# unit 6.0 - Unsupervised and self-supervised learning

[See also: unit  4 types of learning](https://githubtocolab.com/culurciello/deep-learning-course-source/blob/main/source/lectures/04-types-learning.ipynb)


## Supervised Learning

Supervised learning is the type of machine learning we have focused on this course so far. To summarize here is what we learned so far:

- **Labeled Data**: In supervised learning, we have a dataset where each example is paired with a **label** (also known as the **ground truth**). These labels represent the correct output for a given input. For instance, in image classification, each image is associated with a specific class label (e.g., "cat" or "dog").

- **Training the Model**: We train a model (such as a neural network) using this labeled data. The model learns to map inputs (features) to the corresponding labels by minimizing the difference between its predictions and the ground truth.

- **Prediction**: Once trained, the model can make predictions on new, unseen data. It generalizes from the training examples to make accurate predictions for similar inputs.


## Unsupervised Learning

Unsupervised learning is a type of machine learning where we work with unlabeled data. Unlike supervised learning, there are no explicit labels (ground truth) associated with the examples. The primary goal of unsupervised learning is to discover patterns, structures, or relationships within the data itself.

Examples:
- Clustering: Algorithms like K-means group similar data points together based on their features.
- Dimensionality Reduction: Techniques like PCA (Principal Component Analysis) and t-SNE reduce the dimensionality of data while preserving important information.
- Density Estimation: Methods that estimate the underlying probability distribution of the data.

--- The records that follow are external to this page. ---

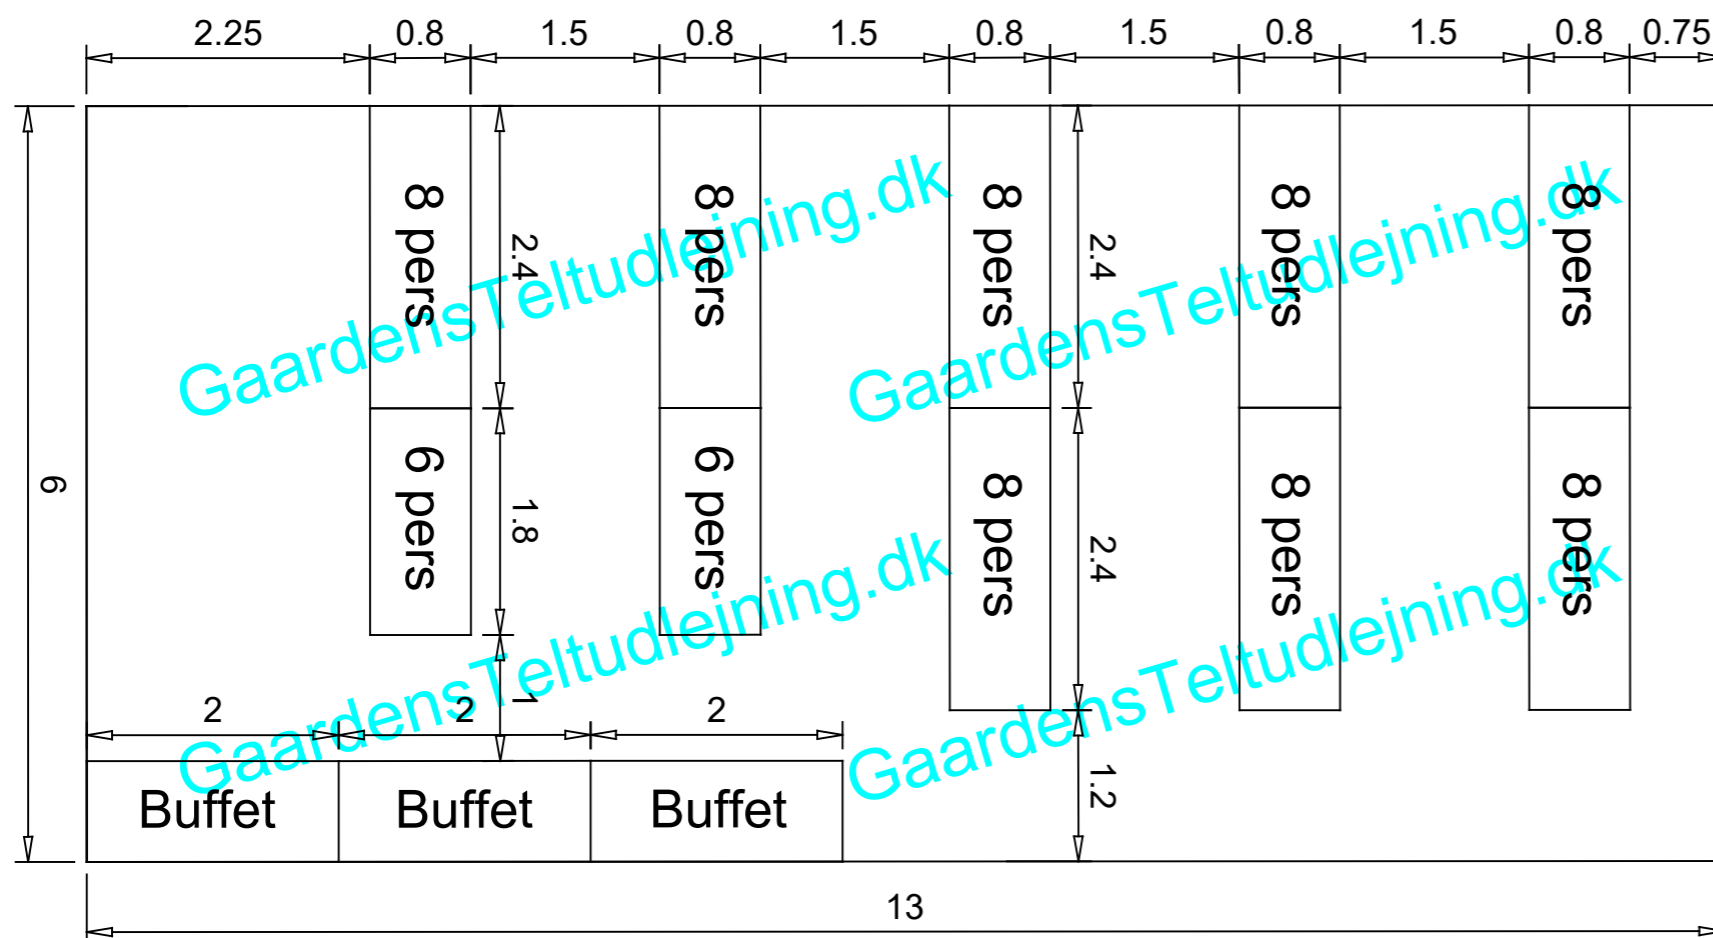

Partytelt 6x13 meter - Ca. 76-82 personer

Alle telte leveres som standard med vinduer hele vejen rundt. Sider uden vinduer skal tilvælges ved bestillingen af teltet.

Der leveres som standard 2 døre. Døre kan placeres som ønsket.

Gaardens Teltudlejning ApS

Illustration af bordplaner til kunder

Gaardens Teltudlejning
Kildegårdsvej 43
5792 Årlev
Danmark

DIN PROFESIONELLE
TELTUDLEJNINGSPARTNER

GaardensTeltudlejning.dk 1:60
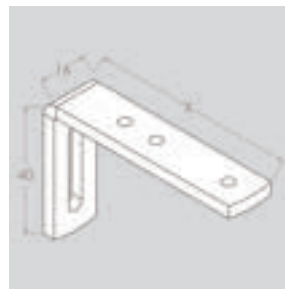

Vinkel till väggmontering
X= 3,5,7,9,12,14,16,20 cm

SPECIFIKATIONER

SKENA	Extruderad aluminium.		
DIMENSIONER	Bredd 41 mm, höjd 30 mm.		
PROFILFÄRG	Standard RAL 9010 och RAL 9005. RAL specialfärg kan utföras.		
MAX BREDD	6 meter (beroende på tygvikt) Se bärämne.		
STYRNING	Motoriserad.		
GARDINVIKT	Mellantung till tung.		
MIN. BÖJNINGSRADIE	Kan inte bockas/valsas.		
BÄRÄMNE*	35W/35 RTS motor: Längd 3 m: 20 kg	längd 6 m: 35 kg.	
	60W/45-60RTS motor: Längd 3 m: 25 kg	längd 6 m: 45 kg.	

*Raka skenor
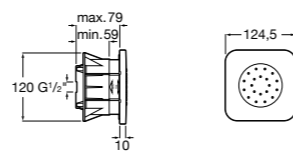

Настенный держатель

5B0750C00 Настенный держатель для душевой насадки. Совместим с Stella.

Fit

5B6661C00 Антивандальная душевая насадка.

Душевые форсунки

Форсунка Square

5B3778C00 SQUARE - Душевая форсунка с изменяемым углом потока. Хром.
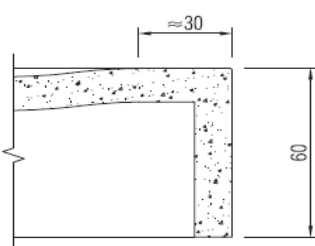

Technische fiche

Omschrijving	Naam	961 Aqua Corian® Plus	
	Reeks	Tubs & Walls	
	Omschrijving	Douchebak vervaardigd in Corian® Glacier White	
	Montagemogelijkheden	Is geschikt voor zowel inbouw als opbouw	
Bemetingen	Artikelnummer	Min-Max. Breedte	Min-Max. Lengte
	961.XXX.XXX	800 mm-1200 mm	800 mm-2000 mm
	Hoogte is 60 mm Referentie: 961 .xxx(grootste maat).xxx(kleinste maat) Antislip klasse R9 (conform DIN 51130) De goot zit steeds in het midden van de korte zijde, de afvoer op 190 mm van de kant tot in het center van de afvoer (diameter 90 mm). Dit kan naar keuze ook aangepast worden, minimum afstand van de kant is 190 mm.		
	Maatwerk	Maatwerk per cm (grotere of kleinere maat op aanvraag)	
Materiaal	Materiaal	Corian®	
	Extra	Gemiddeld 34 kg per m ²	
		Afvoer	961 888 888
		Opstaande randen (1,2,3)	900 444 444
		Afschuining	960 999 999
Service	Maatopname	Niet mogelijk door Aquaconcept	
	Montage	Niet mogelijk door Aquaconcept	
	Montagehandleiding	Beschikbaar via configurator	
Technische details	! Advies	Montage dient steeds te gebeuren op een vlakke, stabiele vloerstructuur.	
		Houd bij de voorbereiding rekening met grootte en gewicht van de douchebak. Kan deze tot in de badkamer gebracht en gemonteerd worden?

Use Cases: Unsupervised learning is useful for tasks like anomaly detection, recommendation systems, and data visualization.

## Self-Supervised Learning

Now, let's explore self-supervised learning:

- **Unlabeled Data**: Unlike supervised learning, self-supervised learning doesn't rely on labeled datasets. Instead, it operates on **unstructured data** (e.g., images, text, or audio) without explicit labels.

- **Implicit Labels**: Self-supervised models generate their own **implicit labels** from the data itself. These labels are derived from the inherent structure or relationships within the input. For example:
    - In text: one can predict the next word (or character, or token) from previous words (characters or tokens)
    - In images one can reconstruct a missing portion of the image from the rest of the image 
    - In videos one can predict future frames from past ones

- **Cost-Effectiveness**: Self-supervised learning is particularly useful when gathering labeled data is challenging or expensive. By avoiding manual annotation, it reduces the need for human experts to painstakingly label vast amounts of training data.

- **Examples**: Self-supervised learning has powered various deep learning architectures:
    - Large language models (e.g., BERT and GPT) for natural language understanding.
    - Image synthesis models (like variational autoencoders and generative adversarial networks).
    - Computer vision models (such as SimCLR and Momentum Contrast).

In summary, while supervised learning relies on explicit labels, self-supervised learning creatively generates its own labels from unstructured data. Both approaches contribute to advancing artificial intelligence and solving complex problems.